Devices that help interact with virtual environments include touch gloves, portable controllers, telepresence suits, and others. They allow users to interact and perform actions in a virtual environment. Based on the data transmitted from these devices, the system models the user’s behavior in the virtual environment.
Currently, the quality of these optimized devices is extremely high. However, technical inaccuracies still exist, even if they are very minor. When using a metaverse system, many data collection devices are required. Therefore, if the permissible error of all these devices is not properly controlled, the collected error will have a clear difference compared to reality. This will lead to errors in the entire system, and the consequence will be spatial distortions in the virtual world.
This is an extremely important fundamental component of the entire system. Two main aspects are considered: hardware and software (algorithms).
Hardware includes the central processing unit (CPU), graphics processing unit (GPU), random access memory (RAM), and others. When the amount of data being processed exceeds the hardware limit, the data is not fully updated in real time, which leads to distortion effects such as spatial scaling or frame stuttering.
The computing system processes data incorrectly or uses inefficient algorithms, such as simulating a collision between two spherical solid objects on a straight line in the real world, causing them to pass through each other or move in an unnatural manner instead of moving in the opposite direction of their original motion.
Solving the problem of virtualization in the metaverse requires the use of many different algorithms. These include data analysis and synthesis algorithms, data synchronization algorithms, simulation (digital reconstruction) algorithms, integration algorithms, and other algorithms.
Data analysis and synthesis algorithms help analyze and synthesize data transmitted from sensors, cameras, user devices, etc., in order to filter out noise, detect errors, and format the data in a way that is suitable for a computing system.
Data is collected from multiple device sources and distributed sensors. Each device has its own characteristics. Data synchronization algorithms help maintain consistency, reduce errors, prevent information conflicts, minimize latency, and optimize data transmission between system components.

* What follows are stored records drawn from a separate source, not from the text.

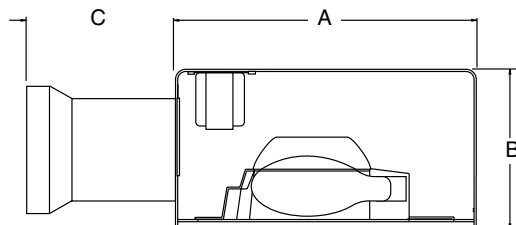

ORDERING

PREFIX	MOUNTING	SIZE	CONFIGURATION	DISTRIBUTION	WATTAGE	VOLTAGE	FINISH	OPTIONS
EC	A	18	1	3H	400PSMH	Quad	BRP	PTF2
EC	A Arm Mount	18"	1	3H	18"	Quad 120/208/240/277 Tied to 277V.	BRP Bronze Paint	Options in Stock
	W Wall Mount		2	FH	400PSMH			
	WA Wall Mount with Arm		3					
			4					

ARM MOUNT	
	ECA18
A	18" sq
B	10"
C Arm Length	9"
D Arm Height	5"

Options in Stock

PTF2 Pole Top Filter 2.375" X 4"

WALL MOUNT	
	ECW18
A	18" sq
B	10"
C	11"

Ecolume EPA (Effective Projected Area) Ft²

18" units

Single Arm 1.9

Twin 180° 3.8

Quad 4.8

Single Fixture Weight
50 lbs

Emco Lighting 1611 Clovis Barker Road San Marcos, TX 78666 (800) 227-0758 (512) 753-1000 FAX: (512) 753-7855 www.sitelighting.com

© Copyright 2009 Philips Group. All Rights Reserved. International Copyright Secured. Emco Lighting reserves the right to change materials or modify the design of its product without notification as part of the company's continuing product improvement program.

Simulation (digital reconstruction) algorithms include user avatar simulation, environment simulation, object/person simulation, physics simulation algorithms, behavior simulation algorithms, and other algorithms. These algorithms are required to ensure high accuracy to create a realistic user experience and a sense of presence in the real world. However, this remains a challenge in metaverse environments.
Integrating simulation models and digital reconstruction into one virtual environment is also a serious challenge. The data from many different models is very large and complex; the models overlap, so the integration algorithms must provide very high accuracy.
These algorithms play an important role in solving each stage of the virtualization process from reality to the virtual world, as well as in managing the virtual environment. Incorrect processing of these algorithms will directly lead to spatial distortions in the virtual environment.
In summary, the development of modern technologies provides a foundational platform for the emergence and evolution of metaverses in the near future, where users not only “look” into the virtual world but must truly “feel” present within it. This presence relies heavily on the ability to accurately and instantly reflect every action and gesture of the user in the real world into the virtual environment through the avatar. To achieve that, one of the important issues that needs to be carefully considered is the unintended spatial distortion in the virtual world. There are many causes that can lead to this phenomenon, which are divided into two main groups: human factors and technical factors. In our research, we have identified technical and hardware-related factors that contribute to this phenomenon, including energy issues, internet QoS, device limitations, as well as processing and computing systems. Various approaches are being researched and implemented to overcome the above challenges. In particular, optimized algorithms are improved to enhance system performance, while AI is utilized to support device management, data processing, and more efficient computational operations. This is also the next research and development trend of the metaverse, as well as other related technologies.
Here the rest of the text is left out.